El eco lejano de un trueno consiguió que ambos alzásemos la mirada al cielo. El viento del norte, glacial, azotó nuestros ropajes. Pronto habría de desatarse la tormenta.
—Será mejor que regresemos —le dije a mi secretario.
—¿Sin llenar antes vuestra cesta? —enarcó una ceja, sonriente—. Poco alimento daremos a nuestro estómago.
—Que se encargue de ello fray Gervasio, el cillerero, que es su obligación atiborrarnos de legumbres.
Ambos nos reímos de mi ocurrencia mientras ascendíamos de nuevo la senda que conducía al camino real. Era hora de regresar a Logroño.
Cruzamos un riachuelo con el fin de atajar, y lo hicimos pisando con cuidado las piedras cubiertas de verdín para no resbalar. Por entre los hayedos y pinares gimió de nuevo el viento, con furia implacable, y el sonido me trajo a la memoria el baladro de una bestia montaraz herida de muerte. A través de la espesura de un tamarindo vimos cruzar, de forma asustadiza, a un corzo de lomo plateado.
—Lástima no tener a mano un mosquete o ballesta —apuntó mi secretario, que había participado de las cacerías del rey.
—Suerte para él —me refería al pobre animal, que presto huyó al oír nuestras voces—. Por cierto, don Gonzalo… ¿Habéis terminado de escribir las suplicatorias que os pedí?
—Esta misma mañana.
—Quiero que se las enviéis cuanto antes a don Bernardo de Sandoval. Necesito que apruebe mi decisión de visitar la región de Xareta tras el Auto de Fe. He de atestiguar por mí mismo qué es lo que está ocurriendo en las villas fronterizas.
—He oído decir a ese afeminado de Berengario di Anzio que el decano y don Juan del Valle están remitiendo a Madrid las cartas que, a su vez, les enviaron los comisarios de las cinco villas. Le ofrecen, al inquisidor general, su particular versión de los hechos.
—¿Os ha dicho quiénes firman esas cartas? —quise saber.
—Una es de don Lorenzo Hualde, que dice estar desesperado por el gran trabajo que ha tenido durante el último año, en el que se vio obligado a darle cobijo en su casa a más de cuarenta muchachos confidentes que sus padres dejaron allí para evitar que los brujos les hiciesen algún mal, y a todos aquellos que acudieron por su propia voluntad después de acusar a sus deudos de incitarlos a acudir a los conventículos…

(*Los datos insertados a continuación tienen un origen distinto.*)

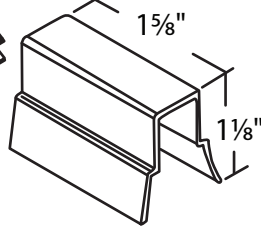

#06-85
White

Sash Cams

Metal Sash Cams

Any questions, call your Account Specialist @ **800.842.0974**

Misc. Sideload Parts

Sash Stops

#02-913
Black Rubber

#02-914W
White
#02-914BG
Beige
Vinyl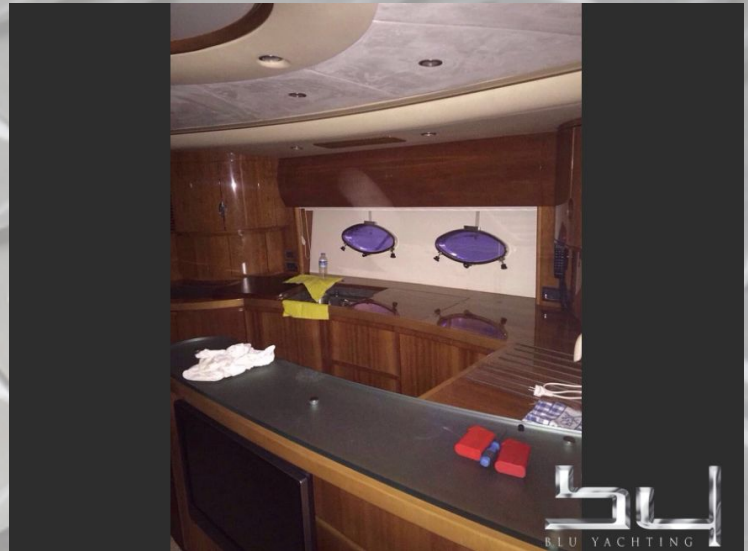

### technical equipment:

air conditioning, heating, Sat, TV, DVD, Radio, CD, water pressure system, hot water system, holding tank, GPS plotter, radar, autopilot, depth sounder, microcommander, compass, fish finder, gangway, teak deck, bathing platform, ceramic cooktop, refrigerator, wetbar, camper top, shore supply 220 volt, electric anchor windlass, bow thruster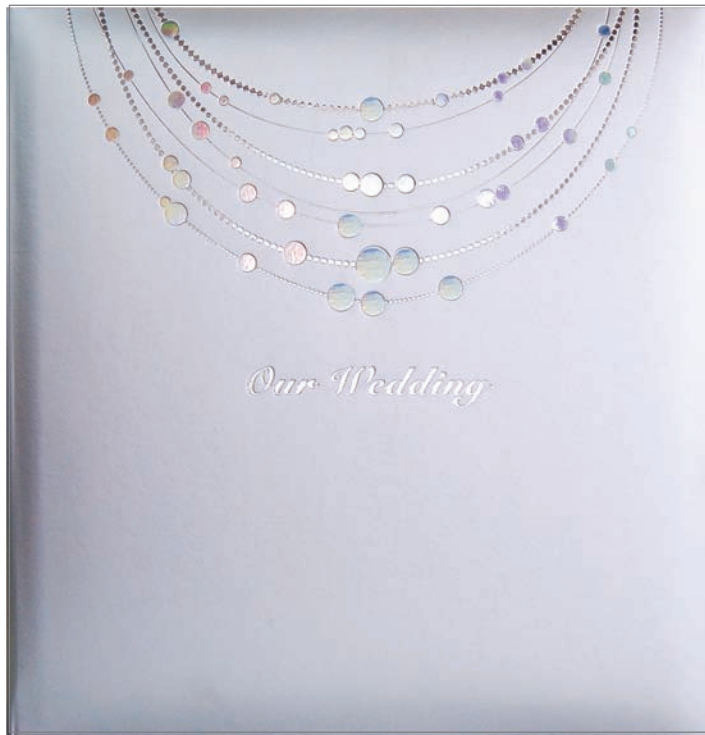

Wedding Album with self-adhesive page

Pearl Wedding

Style No. : WYB-71526

Cover Material : Vinyl Paper

silver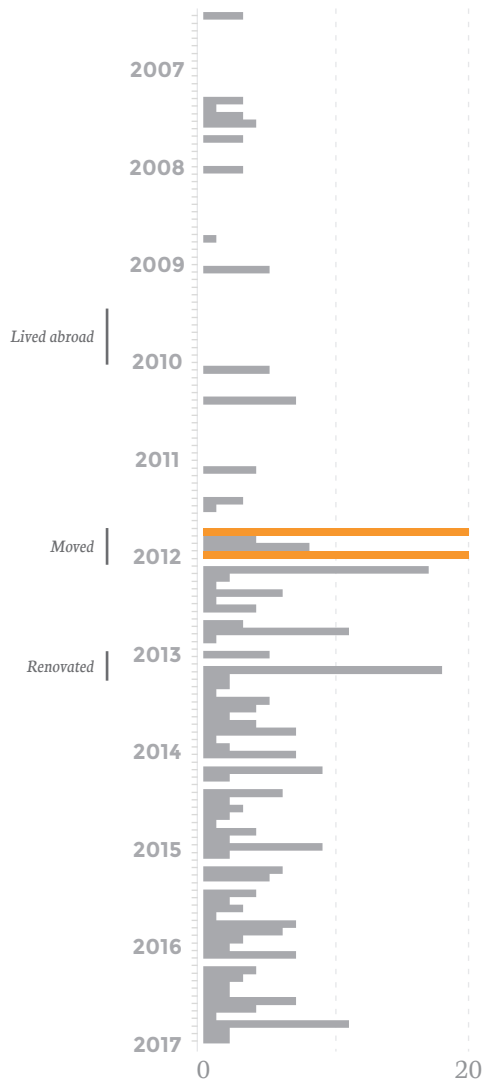

PRIME

Ten years and over 250 orders with Amazon.com

Number of items ordered, over time

Key statistics

Total spend, by year

Number of items ordered and average item cost, by month

Number of items ordered and total spend, by category

Average item cost, by day of week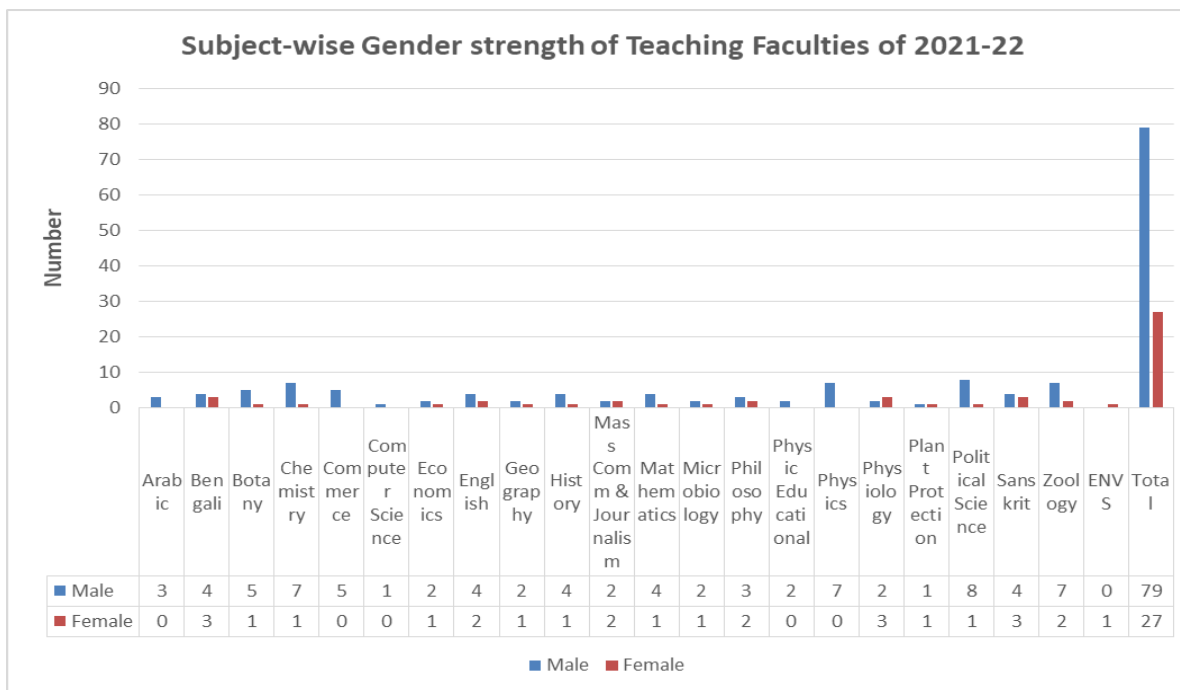

SURI VIDYASAGAR COLLEGE

(Govt. Sponsored & Constituent college of the University of Burdwan)

SURI, BIRBHUM, PIN – 731101, Ph. No. – 03462-255504

Website : surividyasagarcollege.org.in, e-mail : surividyasagarcollege1942@gmail.com

This Institution is Ragging Free

Teaching Faculties and Librarian of Academic Session 2021 - 2022

Observations same as previous year.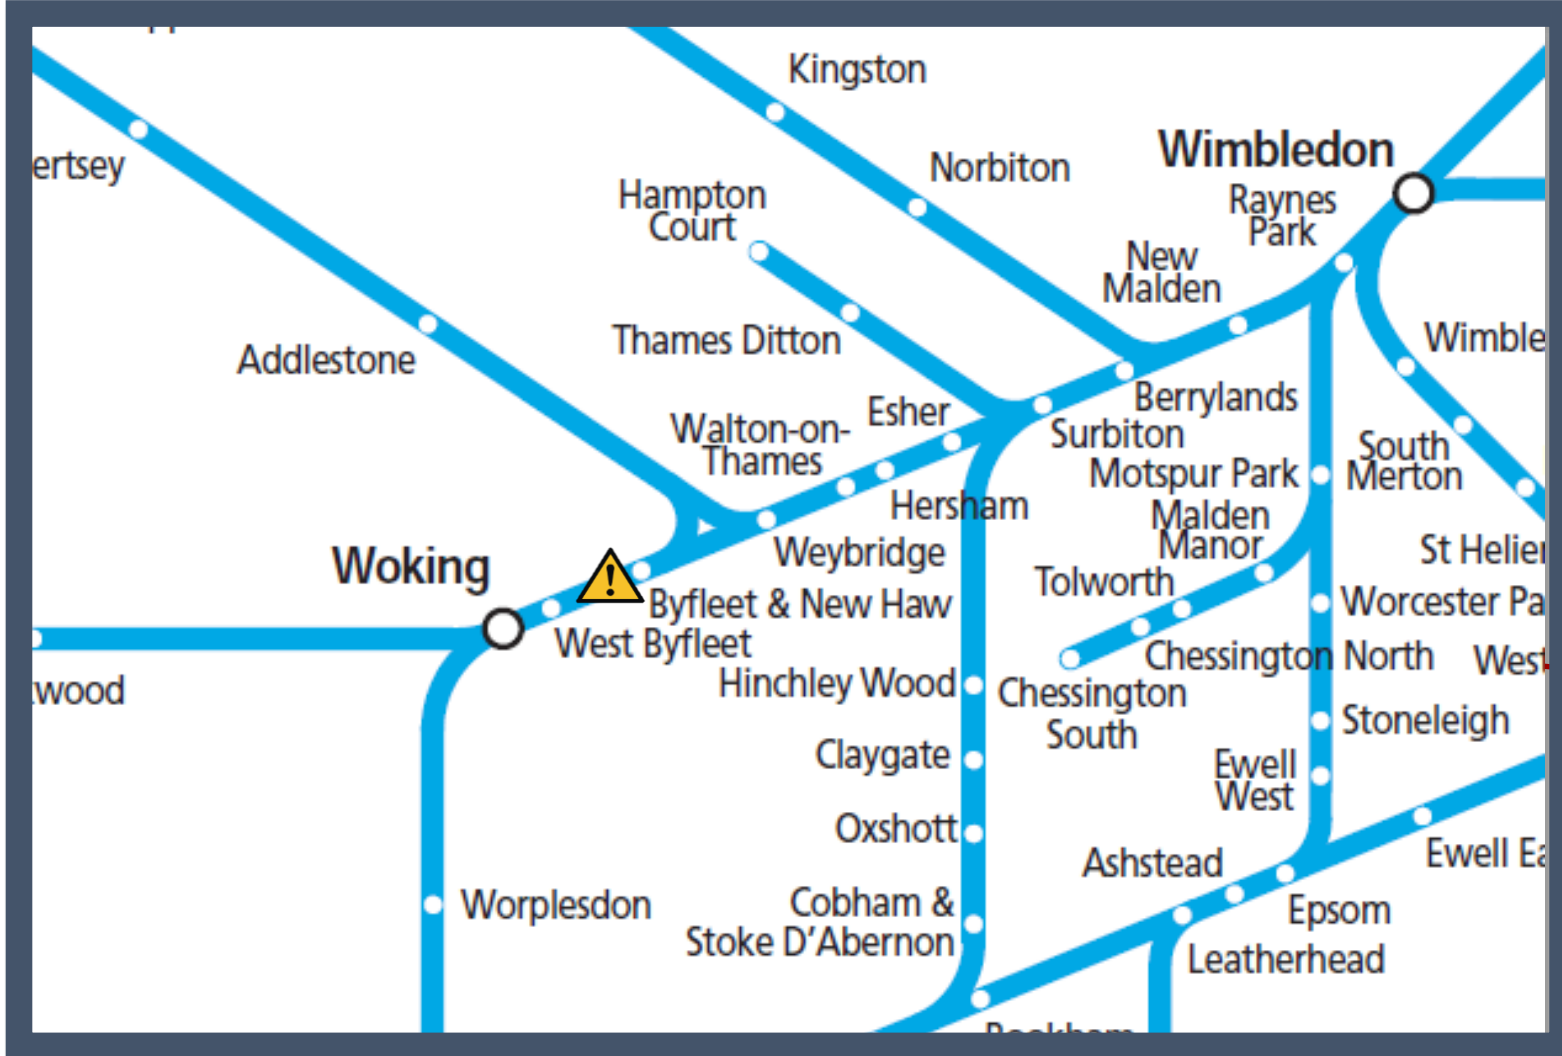

A trespass incident between Woking and Weybridge

TOC affected: South Western Railway

Key:

Disruption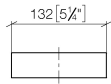

Reserve tissue holder - Brushed Dark Platinum

83 590 780

- width 132mm
- height 35 mm
- 116mm projection

	Brushed Dark Platinum	83 590 780-99
	Chrome	83 590 780-00
	Brushed Platinum	83 590 780-06
	Platinum	83 590 780-08
	Dark Chrome	83 590 780-19
	Brushed Durabronze (23kt Gold)	83 590 780-28
	Brushed Champagne (22kt Gold)	83 590 780-46
	Champagne (22kt Gold)	83 590 780-47

Reserve tissue holder - Brushed Dark Platinum

83 590 780

mm [inches]

Reserve tissue holder - Brushed Dark Platinum

83 590 780

Parts for other finishes can be found here: [Chrome](#)

Spare parts list

No.	Item Number	Name	Quantity used	Delivery time
1	05 17 20 718 00 90	fixing set	1	2
2	90 31 11 112 00 90	pin	1	2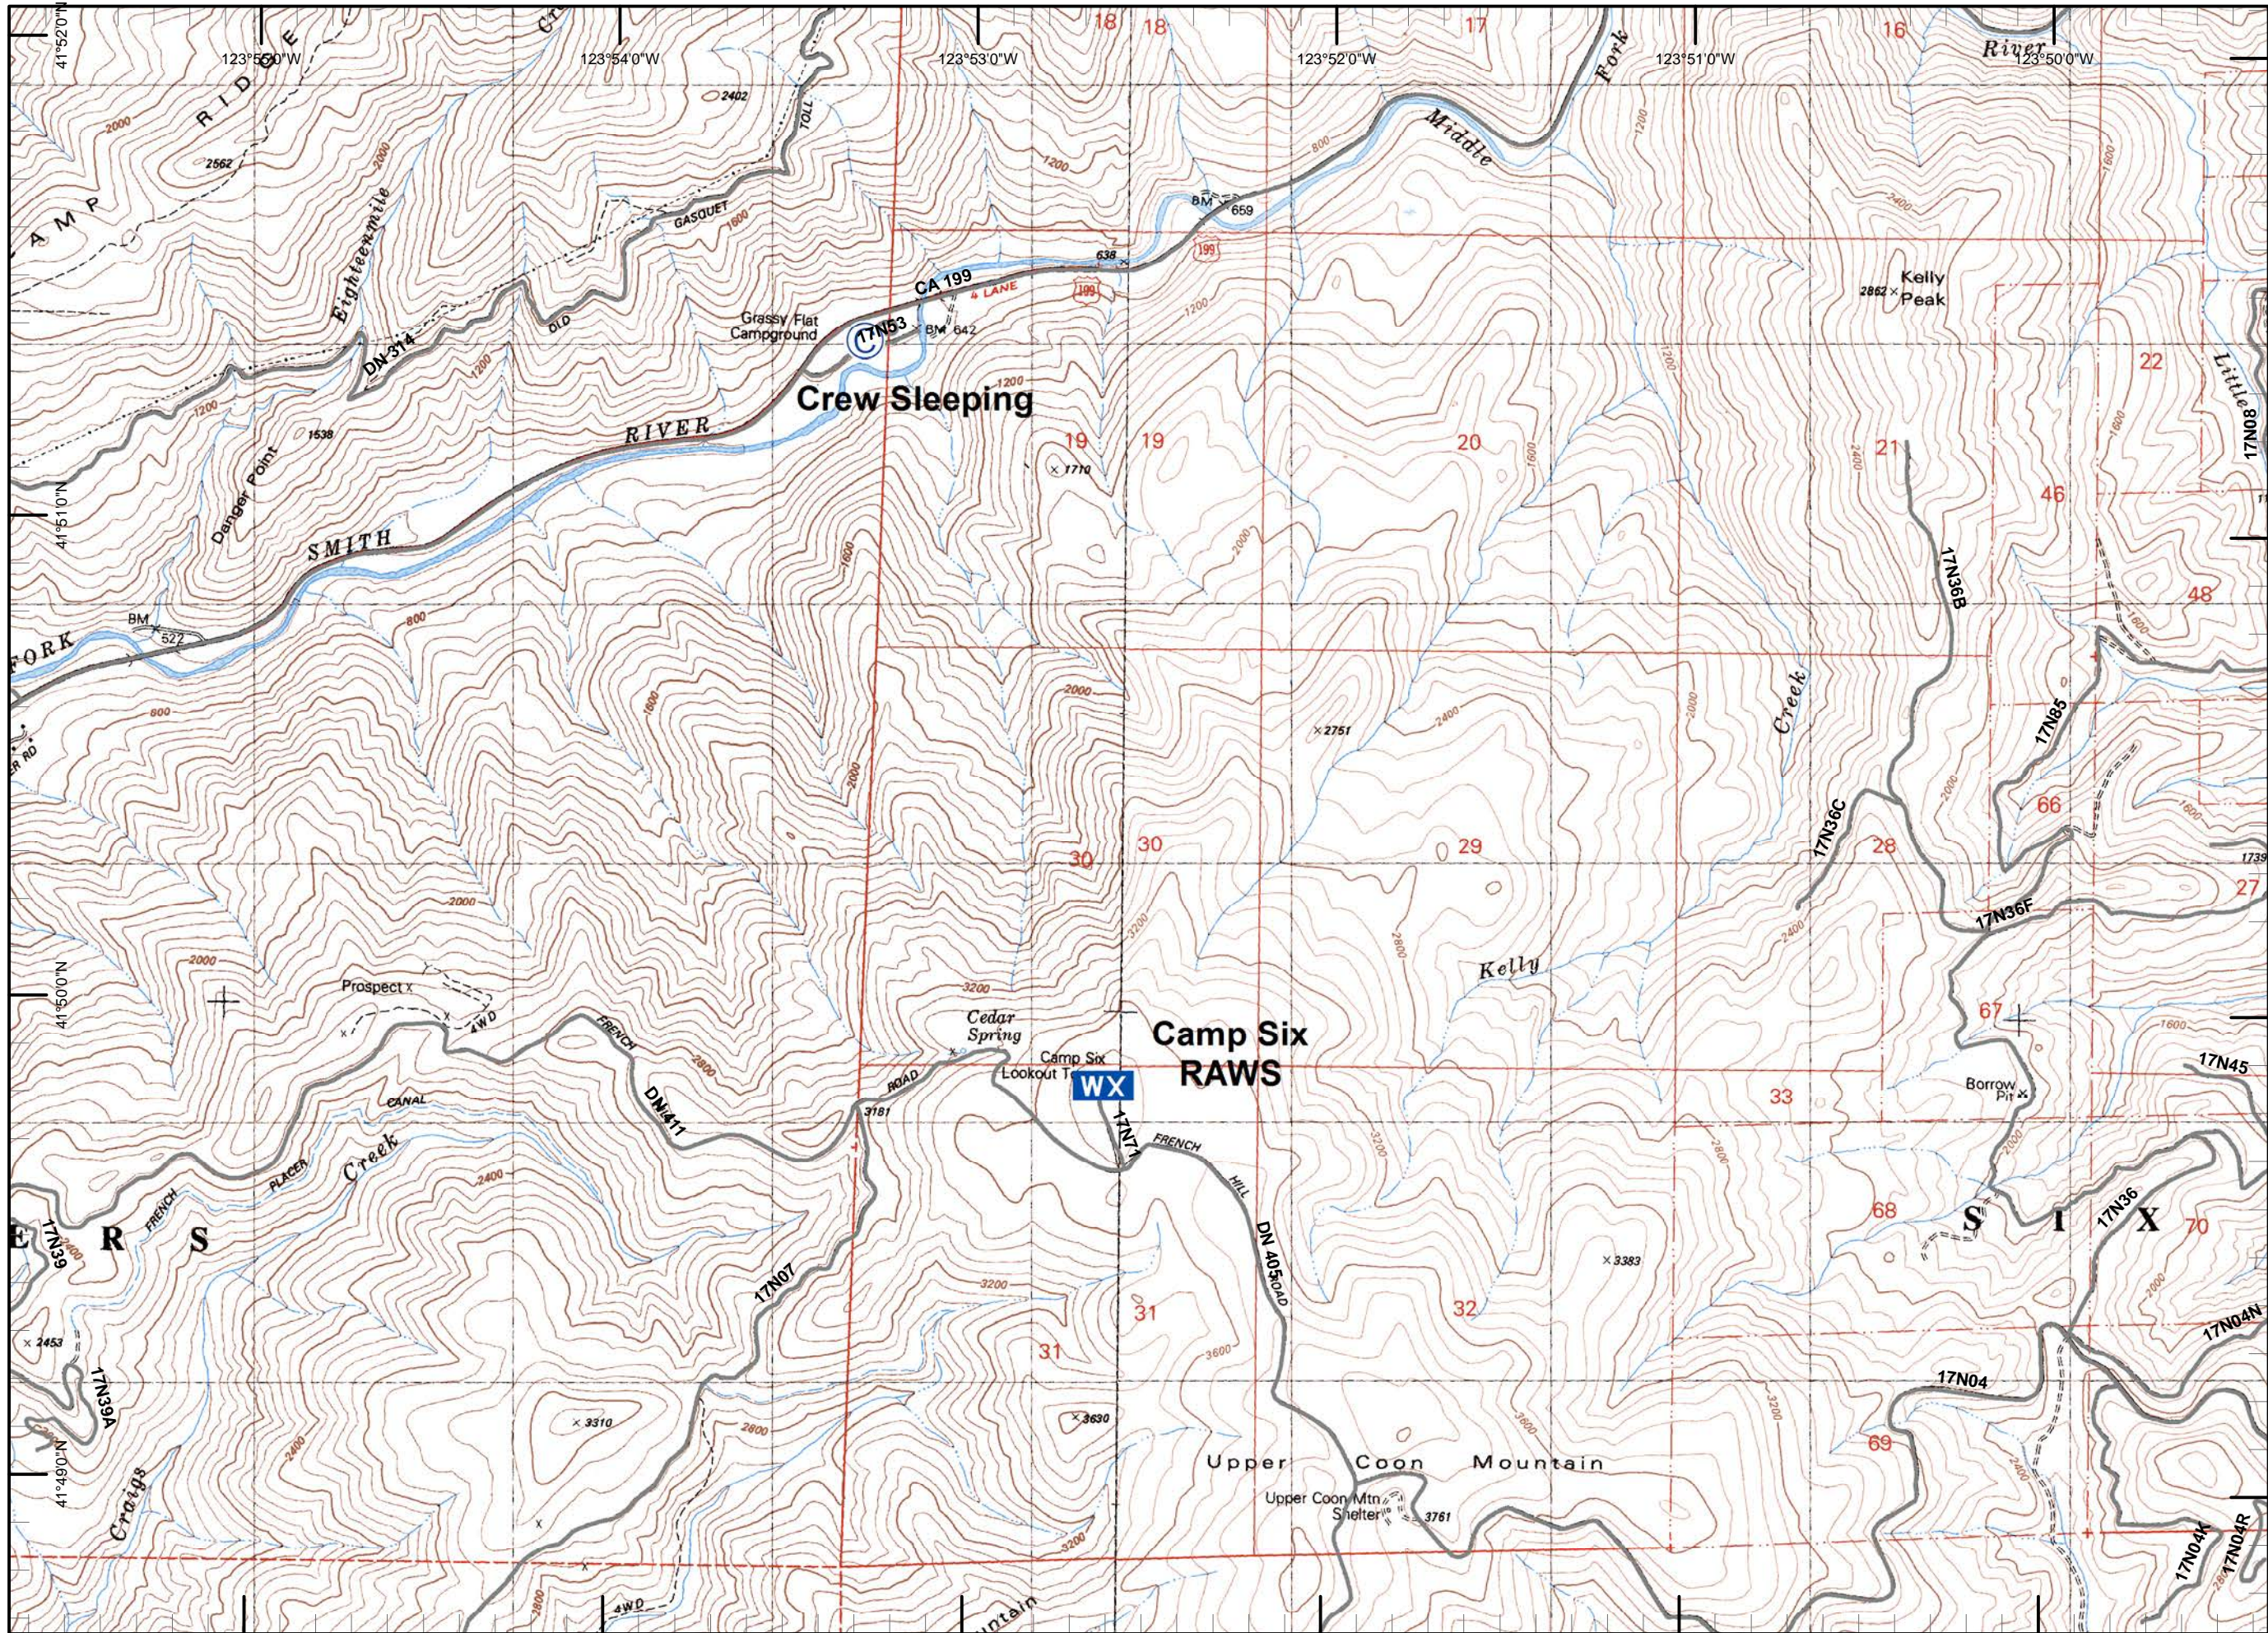

Legend

-) (Division
-] [Branch
- Drop Point
- ⊗ Fire Origin
- ♂ Spot Fire
- Helispot
- Ⓢ Staging Area
- Ⓦ Water Source
- Ⓦ Restricted Water Source
- Ⓦ RAWS
- Ⓟ Incident Base
- Ⓒ Camp
- ▣ Incident Command Post
- Ⓡ Repeater
- ▲ Safety Zone
- Ⓟ Helibase
- ⊗ ● Proposed Dozer Line
- Uncontrolled Fire Edge
- ⊗ Completed Dozer Line
- Completed Line
- H - H - Hand Line
- R - R - Road as Completed Line
- Siskiyou Wilderness
- ⋯ Forest Boundary
- ▨ Bear Basin Butte
- ▨ Botanical Area

Legend

- Division
- Branch
- Drop Point
- Fire Origin
- Spot Fire
- Helispot
- Staging Area
- Water Source
- Restricted Water Source
- RAWs
- Incident Base
- Camp
- Incident Command Post
- Repeater
- Safety Zone
- Helibase
- Proposed Dozer Line
- Uncontrolled Fire Edge
- Completed Dozer Line
- Completed Line
- Hand Line
- Road as Completed Line
- Siskiyou Wilderness
- Forest Boundary
- Bear Basin Butte Botanical Area

Un relámpago sesgó los umbríos nubarrones que ya cubrían nuestras cabezas, y don Gonzalo se santiguó, impelido por el atávico temor de ser alcanzado por un rayo.
—Otra misiva es la del vicario de Santesteban —prosiguió, en esta ocasión con más rapidez—, que habla de cuatro brujas maestras, de las cuales dos están presas en dicha villa y las otras fueron a confesar voluntariamente. Y luego está la de fray León de Araníbar, que según vuestros colegas ha desplegado un celo sin igual al descubrir gran número de juntas, con testimonios y pruebas irrefutables. Fijaos… ¡Si incluso llegó a denunciar a la esposa de su hermano, a una tal Domenja de Peruchena! —soltó una carcajada—. ¿Y sabéis una cosa…? —negué con la cabeza—. En todas esas cartas se pide remedio, cueste lo que cueste, contra los hechos testificados —volvió hacia arriba las palmas de sus manos, recibiendo las primeras gotas de lluvia que comenzaban a caer sobre nuestras cabezas—. Y ahora, si vuestra señoría está de acuerdo, será mejor que aligeremos el paso o acabaremos empapados de agua.
—Por una vez en vuestra vida, don Gonzalo, creo que vais a acertar en vuestro vaticinio.
Sin más retraso, comenzamos a correr camino de Logroño. No era cuestión de seguir hablando, pues la lluvia arreciaba cada vez más.
Cuando finalmente llegamos al palacio inquisitorial, toda el agua del mundo corría por nuestros encharcados cuerpos y vestimentas.